Can the data below be set down again exactly, line for line?

-------- Available records

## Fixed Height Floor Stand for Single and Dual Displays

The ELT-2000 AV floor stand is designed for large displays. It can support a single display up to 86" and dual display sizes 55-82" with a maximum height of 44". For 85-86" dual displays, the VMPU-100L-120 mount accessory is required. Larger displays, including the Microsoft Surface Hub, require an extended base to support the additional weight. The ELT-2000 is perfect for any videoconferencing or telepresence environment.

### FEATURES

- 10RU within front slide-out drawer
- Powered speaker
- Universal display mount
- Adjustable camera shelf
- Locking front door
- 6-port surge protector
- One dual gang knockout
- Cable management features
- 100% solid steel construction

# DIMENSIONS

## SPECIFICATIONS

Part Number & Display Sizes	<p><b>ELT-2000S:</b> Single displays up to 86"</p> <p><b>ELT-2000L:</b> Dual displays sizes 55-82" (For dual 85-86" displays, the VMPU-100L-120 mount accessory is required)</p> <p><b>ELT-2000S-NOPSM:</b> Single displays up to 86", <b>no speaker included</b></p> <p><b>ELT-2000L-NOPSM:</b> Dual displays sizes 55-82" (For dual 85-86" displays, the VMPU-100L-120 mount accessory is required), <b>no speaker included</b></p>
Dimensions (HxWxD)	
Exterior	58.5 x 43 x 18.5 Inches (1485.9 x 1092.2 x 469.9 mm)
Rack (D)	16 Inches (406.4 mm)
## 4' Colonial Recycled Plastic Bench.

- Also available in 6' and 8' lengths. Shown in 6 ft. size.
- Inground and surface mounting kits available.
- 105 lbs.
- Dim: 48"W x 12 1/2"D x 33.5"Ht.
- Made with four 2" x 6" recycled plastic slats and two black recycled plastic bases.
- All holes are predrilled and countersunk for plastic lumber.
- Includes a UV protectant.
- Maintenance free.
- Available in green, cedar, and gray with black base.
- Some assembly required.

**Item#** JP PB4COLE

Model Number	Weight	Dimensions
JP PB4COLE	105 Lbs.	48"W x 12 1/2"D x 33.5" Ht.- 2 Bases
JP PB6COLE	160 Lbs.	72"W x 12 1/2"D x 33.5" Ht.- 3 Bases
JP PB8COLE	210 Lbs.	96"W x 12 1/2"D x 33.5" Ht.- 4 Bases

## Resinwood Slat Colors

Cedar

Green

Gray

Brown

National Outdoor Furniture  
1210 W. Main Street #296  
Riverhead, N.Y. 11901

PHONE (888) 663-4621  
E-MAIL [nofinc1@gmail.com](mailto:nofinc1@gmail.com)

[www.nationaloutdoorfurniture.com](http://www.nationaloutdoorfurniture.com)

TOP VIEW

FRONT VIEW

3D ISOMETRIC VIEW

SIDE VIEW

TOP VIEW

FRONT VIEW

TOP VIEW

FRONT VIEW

----------------

**Completed task:**
## Fixed Height Floor Stand for Single and Dual Displays

The ELT-2000 AV floor stand is designed for large displays. It can support a single display up to 86" and dual display sizes 55-82" with a maximum height of 44". For 85-86" dual displays, the VMPU-100L-120 mount accessory is required. Larger displays, including the Microsoft Surface Hub, require an extended base to support the additional weight. The ELT-2000 is perfect for any videoconferencing or telepresence environment.

### FEATURES

- 10RU within front slide-out drawer
- Powered speaker
- Universal display mount
- Adjustable camera shelf
- Locking front door
- 6-port surge protector
- One dual gang knockout
- Cable management features
- 100% solid steel construction

# DIMENSIONS

## SPECIFICATIONS

Part Number & Display Sizes	<p><b>ELT-2000S:</b> Single displays up to 86"</p> <p><b>ELT-2000L:</b> Dual displays sizes 55-82" (For dual 85-86" displays, the VMPU-100L-120 mount accessory is required)</p> <p><b>ELT-2000S-NOPSM:</b> Single displays up to 86", <b>no speaker included</b></p> <p><b>ELT-2000L-NOPSM:</b> Dual displays sizes 55-82" (For dual 85-86" displays, the VMPU-100L-120 mount accessory is required), <b>no speaker included</b></p>
Dimensions (HxWxD)	
Exterior	58.5 x 43 x 18.5 Inches (1485.9 x 1092.2 x 469.9 mm)
Rack (D)	16 Inches (406.4 mm)
## 4' Colonial Recycled Plastic Bench.

- Also available in 6' and 8' lengths. Shown in 6 ft. size.
- Inground and surface mounting kits available.
- 105 lbs.
- Dim: 48"W x 12 1/2"D x 33.5"Ht.
- Made with four 2" x 6" recycled plastic slats and two black recycled plastic bases.
- All holes are predrilled and countersunk for plastic lumber.
- Includes a UV protectant.
- Maintenance free.
- Available in green, cedar, and gray with black base.
- Some assembly required.

**Item#** JP PB4COLE

Model Number	Weight	Dimensions
JP PB4COLE	105 Lbs.	48"W x 12 1/2"D x 33.5" Ht.- 2 Bases
JP PB6COLE	160 Lbs.	72"W x 12 1/2"D x 33.5" Ht.- 3 Bases
JP PB8COLE	210 Lbs.	96"W x 12 1/2"D x 33.5" Ht.- 4 Bases

## Resinwood Slat Colors

Cedar

Green

Gray

Brown

National Outdoor Furniture  
1210 W. Main Street #296  
Riverhead, N.Y. 11901

PHONE (888) 663-4621  
E-MAIL [nofinc1@gmail.com](mailto:nofinc1@gmail.com)

[www.nationaloutdoorfurniture.com](http://www.nationaloutdoorfurniture.com)

TOP VIEW

FRONT VIEW

3D ISOMETRIC VIEW

SIDE VIEW

TOP VIEW

FRONT VIEW

TOP VIEW

FRONT VIEW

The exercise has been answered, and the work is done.